▶ Extracted data
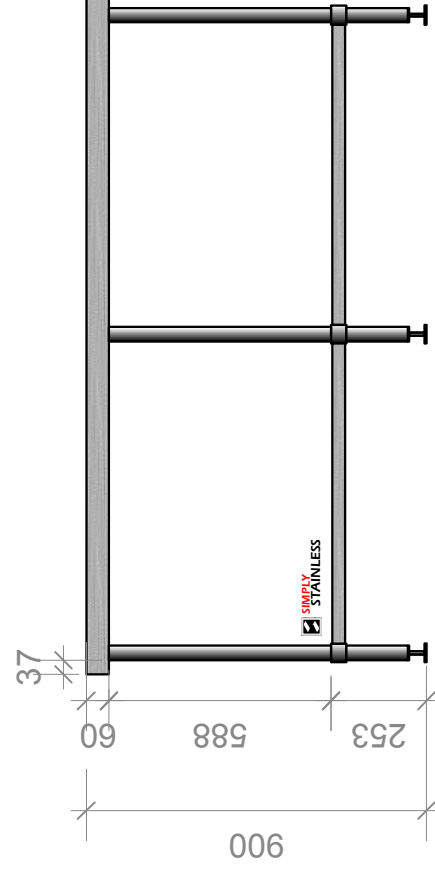

PLANS

FRONT ELEVATIONS

01-7-0600

01-7-0900

01-7-1200

01-7-1500

FRONT ELEVATIONS

01-7-1800

01-7-2400

SIDE ELEVATION

[01-7-0600](#)

[01-7-0900](#)

[01-7-1200](#)

[01-7-1500](#)

[01-7-1800](#)

[01-7-2400](#)

CONSTRUCTION NOTES
 AS FOLLOWS OR AS SHOWN ON SECTION

TOPS ----- 1.2mm STAINLESS STEEL
 CORE ----- 3.0mm ZINC ANNEAL
 FRAME ---- Ø38mm STAINLESS STEEL TUBE
 U/ SHELF --- 1.2mm STAINLESS STEEL
 WITH S/STEEL TUBE SUPPORT.
 FEET ----- Adj. DISC STAINLESS STEEL FEET

▶ What is expected
All lines from the start of the entries above through the line containing "TOPS ----- 1.2mm STAINLESS STEEL" are to be given again exactly; the pictures are not.

▶ Result of the task
PLANS

FRONT ELEVATIONS

01-7-0600

01-7-0900

01-7-1200

01-7-1500

FRONT ELEVATIONS

01-7-1800

01-7-2400

SIDE ELEVATION

[01-7-0600](#)

[01-7-0900](#)

[01-7-1200](#)

[01-7-1500](#)

[01-7-1800](#)

[01-7-2400](#)

CONSTRUCTION NOTES
 AS FOLLOWS OR AS SHOWN ON SECTION

TOPS ----- 1.2mm STAINLESS STEEL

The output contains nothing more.